В двухэтажном бревенчатом доме за крепким деревянным забором гостя провели скрипучим коридором в натопленную комнату. К мареву от печки прибавлялся табачный дым и копоть трех висевших над большим столом керосинок. Вокруг стола сидело человек шесть или семь, по большей части в щегольских сапогах и шелковых косоворотках, причем у некоторых на груди напоказ приколоты красные банты.

Четверо метали карты из потрепанной колоды, еще двое с интересом следили, как третий играл в «пять пальцев» острой финкой.

— Кого привел, Розга? — от стола откинулся хозяин, сумрачный мужик с широченными плечами.

— Каторжанина, из Бутырки!

— А ну, покажь руки! — тут же встал хозяин.

Через минуту он удовлетворенно кивнул и растолкал сидевших, освобождая место у стола.

— Корынец или фраер? — сунулся вперед парень с длинным узким носом.

— Двух стрельщиков замочил, — важно, будто сам это сделал, ответил Розга.

Сидевшие уважительно загомонили, на гостя посыпались вопросы.

— Ша! — остановил хозяин. — Сперва пошамать дайте человеку, да гари хряпнуть.

Из-за спин собравшихся на столе образовалась расписная супница с отколотым краем, дощечка с крупно нарезанным хлебом, миска с холодной картошкой, малосольные огурцы, чеснок, зеленый лук.
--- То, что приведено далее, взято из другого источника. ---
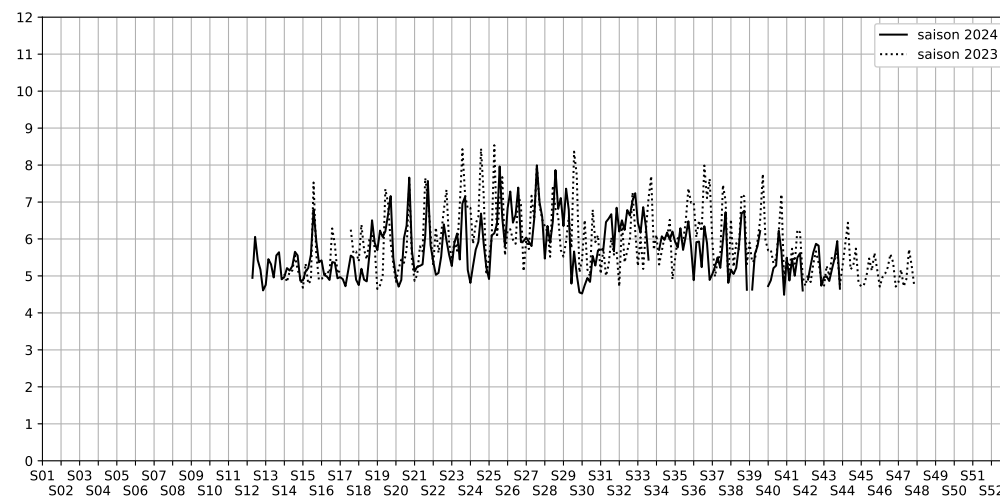

Indice Harmonica Nuit [22h-06h]
Comparaison avec saison précédente à jour équivalent

Хозяин, явно гордясь посудой, налил гостю полную тарелку куриной лапши, от которой шел горячий пар. Звякнуло стекло, в граненую рюмку полилась прозрачная жидкость — не бодяжная хитровская ханжа, а честная смирновка.
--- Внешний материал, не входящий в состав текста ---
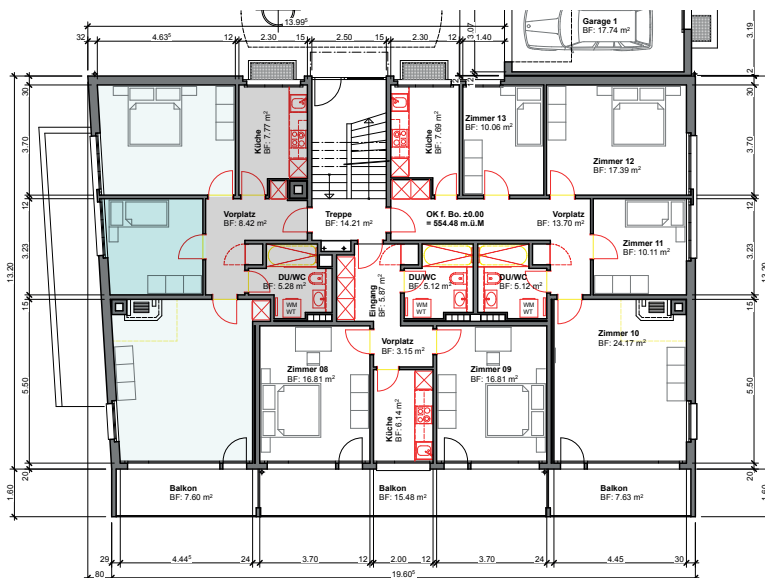

1 ZIMMER WOHNUNG 11 m², Nr. W55-15

LINDENRAIN 1, 3012 BERN

Möbliertes Zimmer im 2. OG in 3.5 Zimmer-Wohnung für 3-Personen-WG

W55-Zi.Nr.15

Zimmer Nr. 15

Gemütliches möbliertes Zimmer in Neubau-WG - Erstbezug!

ZIMMER-MIETE ALL IN

1 Zimmer-11 m²

pro Monat / inkl. NK

CHF 1'000.00

Küche und Bad für gemeinsame Nutzung

W55-15 / LAGE / GRUNDRISS

LINDENRAIN 1, 3012 BERN

Zentrale Lage mit Abendsonne

- Zimmer Nr. W55-15
- Bei WG gemeinsame Fläche

Wohnungsaufteilung

- 11.00 m² Zimmer Nr. 15
- 8.00 m² Küche
- 6.00 m² DU/WC

MAMA HOME ALL IN

Im Gesamtpaket von MAMA HOME ALL IN ziehen Sie in eine komplett möblierte Wohnung ein – und wir kümmern uns um den Rest. Folgendes ist enthalten:

Гость хлебал лапшу, чуть не жмурясь от удовольствия — нет, в Бутырке впроголодь не держали, но как же отличалась вот эта простая еда от тюремной баланды!

Сидевшие вокруг тихо переговаривались и неотрывно смотрели на только-только поджившие запястья, и дружно крякнули, когда он замахнул лафитничек холодной водки и хрустко закусил огурчиком.

Доджавшись, когда гость доест, хозяин крикнул в коридор:

— Шипуна тащи!

На стол водрузили самовар и связку баранок, супницу убрали, на ее место поставили такую же щербатую сахарницу с колотым рафинадом и щипцами.

— Ну, рассказывай, мил человек, за что чалился.

— Так говорил уже, двух стражников убил и чиновника военной управы, — как бы извиняясь, улыбнулся гость.

— А за что? Скок лепил?

— Нет, по приговору, за притеснения.

— Против власти, значит, шел?

— Всякая власть есть насилие над людьми.

— А как же без нее? — криво усмехнулся хозяин.

— Настанет время, когда не будет никакой власти. Человек создан жить в царстве свободы и справедливости, где власть не надобна вообще.

— Складно баешь, — усомнился хозяин, но тут же рыкнул в коридор, чтобы заткнуть некстати взвизгнувшую там гармошку.

— Я как считал, что государство, как форма организации общества и как форма власти над этим обществом, должно отмереть, так и считаю. Все мое сидение в тюрьме только укрепило и развило это убеждение, за которые я был схвачен властями и замурован на всю жизнь.